-- Exercise prompt --
Retype the lines from the first one in the records down to the line containing "Renksel Geri Verim", counting both, and leave out any pictures.

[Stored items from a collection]
────────────────

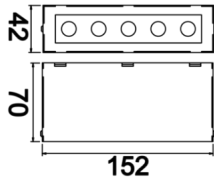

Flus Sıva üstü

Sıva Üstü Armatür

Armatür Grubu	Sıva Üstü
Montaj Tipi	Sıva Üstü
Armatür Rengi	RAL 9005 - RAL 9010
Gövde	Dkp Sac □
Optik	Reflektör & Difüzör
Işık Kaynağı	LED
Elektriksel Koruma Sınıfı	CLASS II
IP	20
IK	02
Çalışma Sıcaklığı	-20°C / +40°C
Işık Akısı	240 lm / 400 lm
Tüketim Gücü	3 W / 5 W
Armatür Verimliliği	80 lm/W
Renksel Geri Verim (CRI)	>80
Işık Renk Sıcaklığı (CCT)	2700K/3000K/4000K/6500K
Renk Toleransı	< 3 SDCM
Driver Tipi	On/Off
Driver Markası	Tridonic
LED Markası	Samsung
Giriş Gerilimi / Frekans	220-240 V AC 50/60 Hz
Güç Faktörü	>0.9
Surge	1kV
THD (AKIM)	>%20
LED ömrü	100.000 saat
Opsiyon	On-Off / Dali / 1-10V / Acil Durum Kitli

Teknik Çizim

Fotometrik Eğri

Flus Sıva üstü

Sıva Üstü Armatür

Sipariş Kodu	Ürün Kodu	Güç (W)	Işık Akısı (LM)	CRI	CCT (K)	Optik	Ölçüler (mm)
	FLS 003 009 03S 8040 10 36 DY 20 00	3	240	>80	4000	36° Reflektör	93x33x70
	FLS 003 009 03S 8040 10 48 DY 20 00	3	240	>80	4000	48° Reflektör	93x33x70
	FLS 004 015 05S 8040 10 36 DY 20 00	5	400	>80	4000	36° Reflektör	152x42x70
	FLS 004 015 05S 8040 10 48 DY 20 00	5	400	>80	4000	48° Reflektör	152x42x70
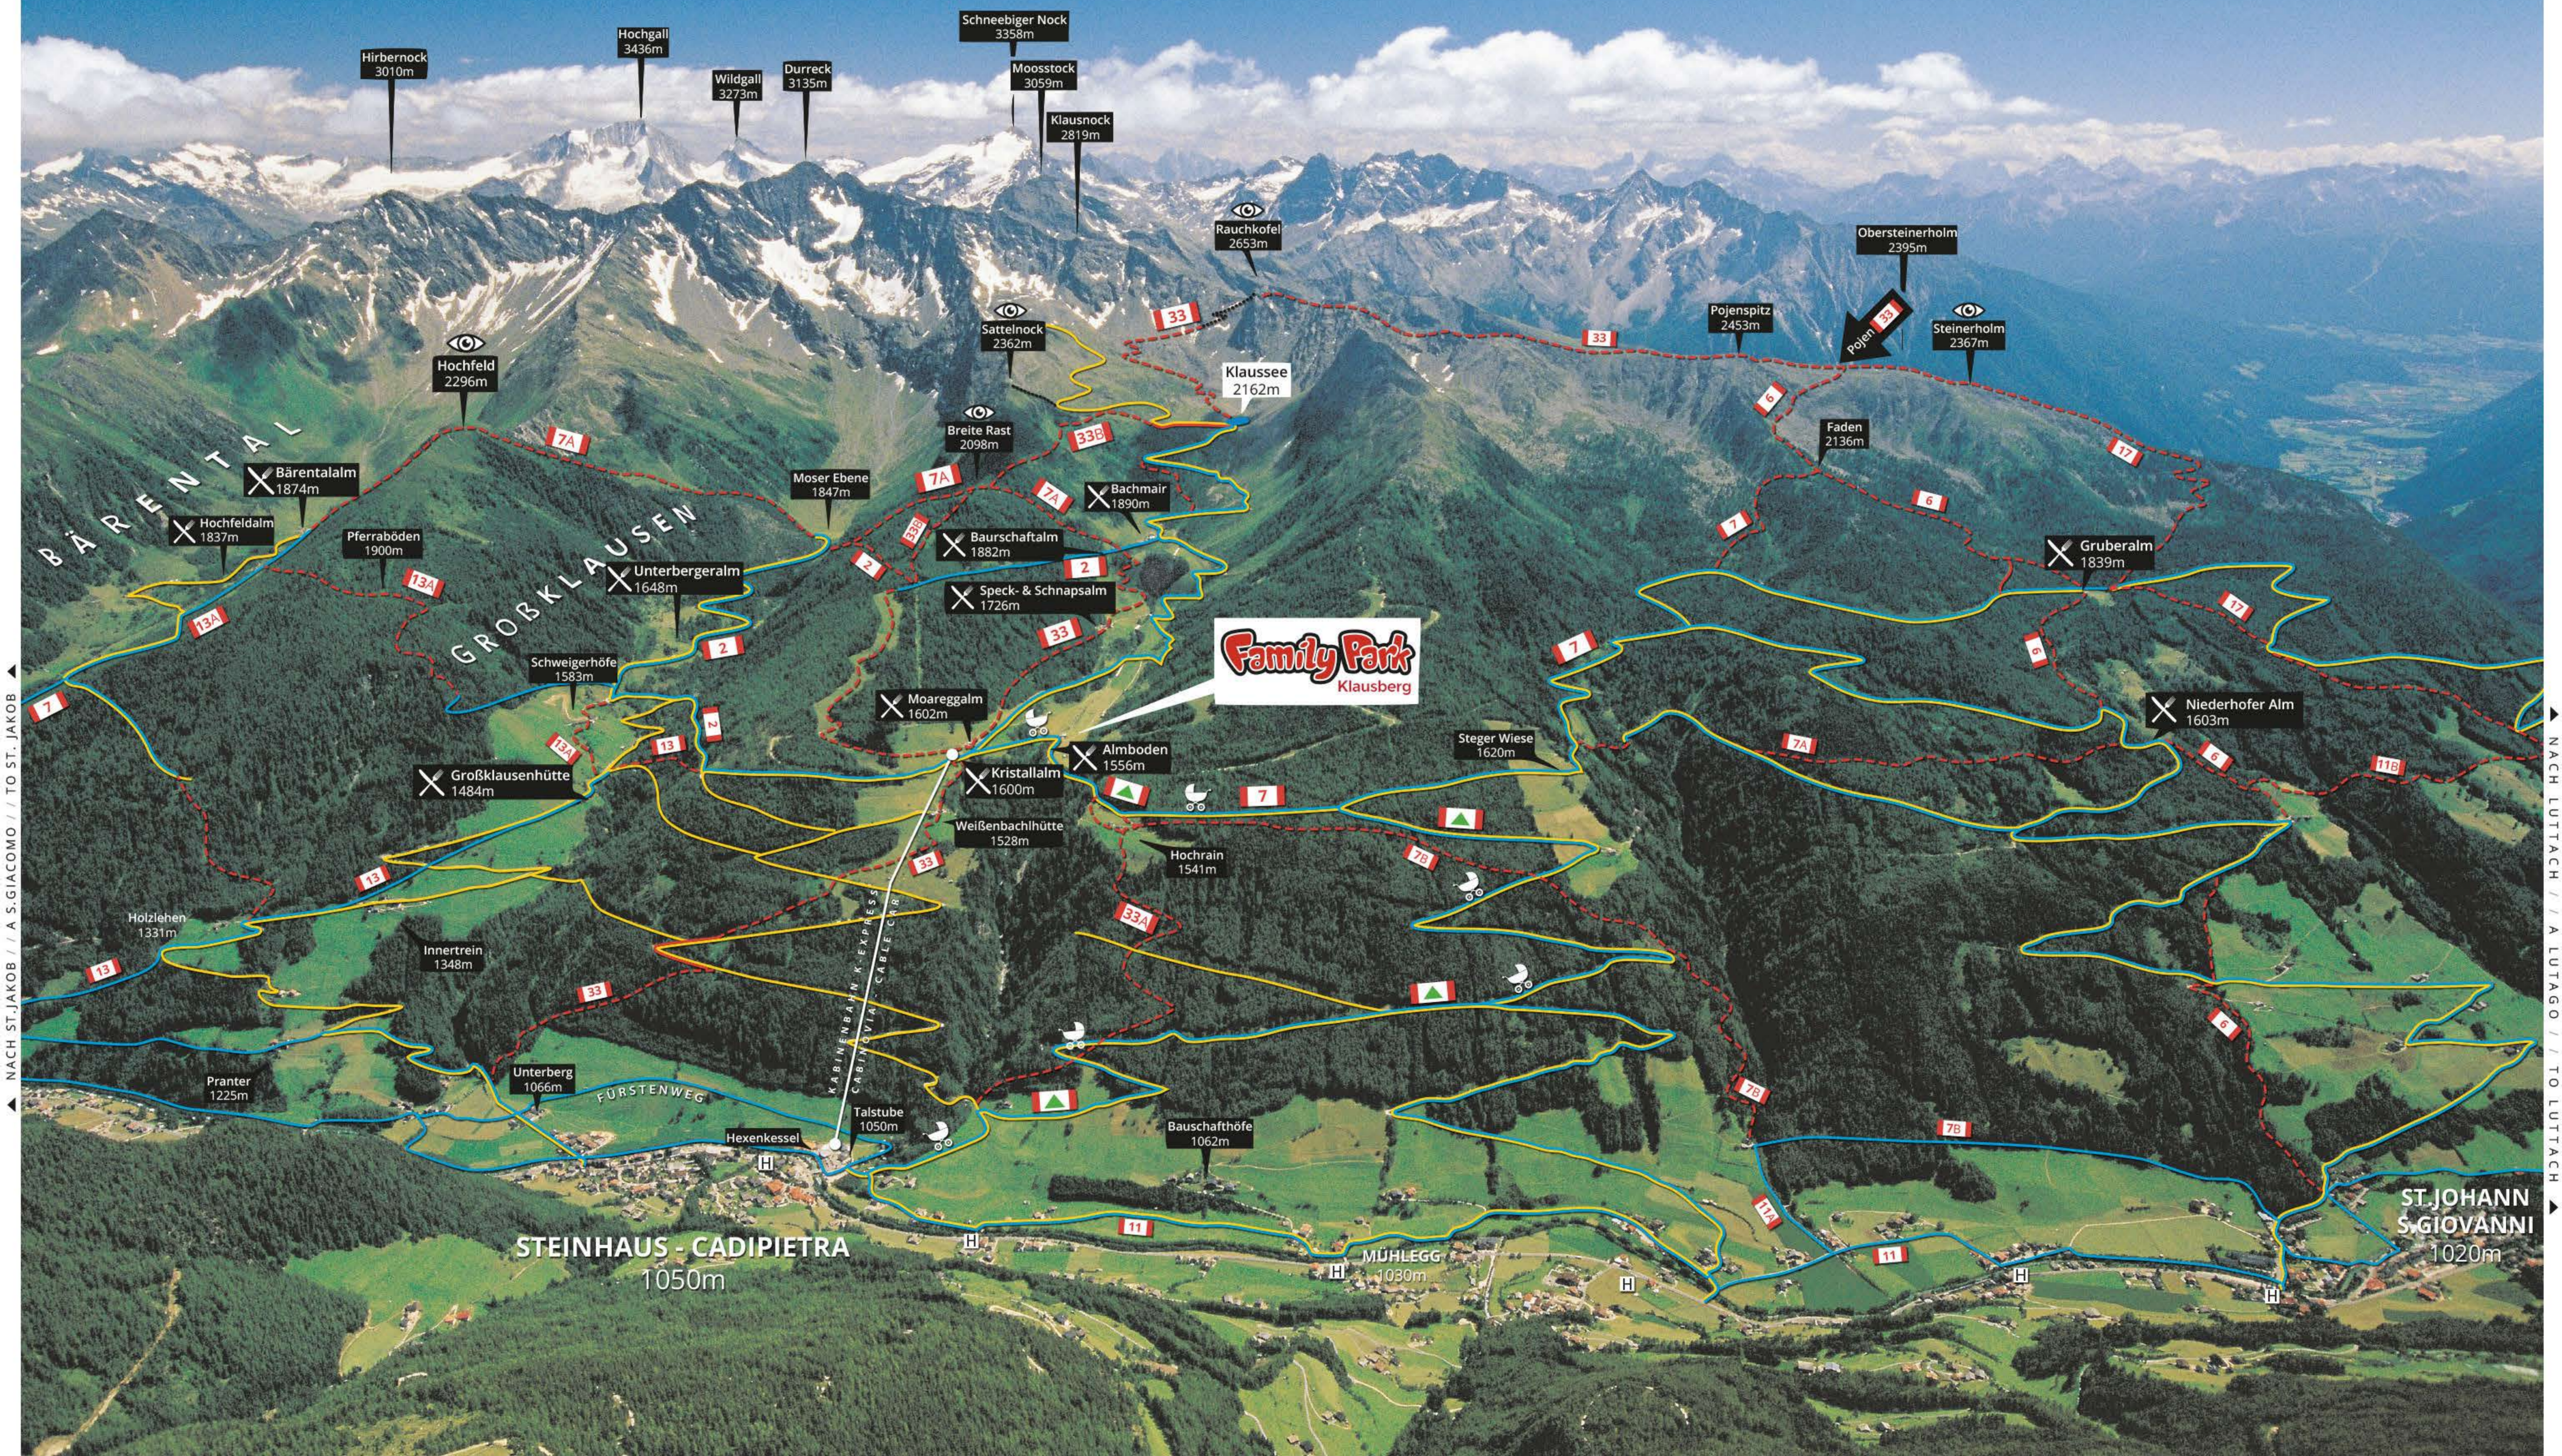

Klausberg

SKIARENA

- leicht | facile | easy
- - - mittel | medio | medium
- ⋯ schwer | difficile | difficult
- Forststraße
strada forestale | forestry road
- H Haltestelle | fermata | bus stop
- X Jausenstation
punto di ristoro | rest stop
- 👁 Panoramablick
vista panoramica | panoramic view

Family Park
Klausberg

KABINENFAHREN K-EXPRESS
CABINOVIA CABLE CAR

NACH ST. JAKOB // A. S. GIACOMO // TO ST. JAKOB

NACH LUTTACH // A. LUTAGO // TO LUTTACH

────────────────

-- Your solution --
Flus Sıva üstü

Sıva Üstü Armatür

Armatür Grubu	Sıva Üstü
Montaj Tipi	Sıva Üstü
Armatür Rengi	RAL 9005 - RAL 9010
Gövde	Dkp Sac □
Optik	Reflektör & Difüzör
Işık Kaynağı	LED
Elektriksel Koruma Sınıfı	CLASS II
IP	20
IK	02
Çalışma Sıcaklığı	-20°C / +40°C
Işık Akısı	240 lm / 400 lm
Tüketim Gücü	3 W / 5 W
Armatür Verimliliği	80 lm/W
Renksel Geri Verim (CRI)	>80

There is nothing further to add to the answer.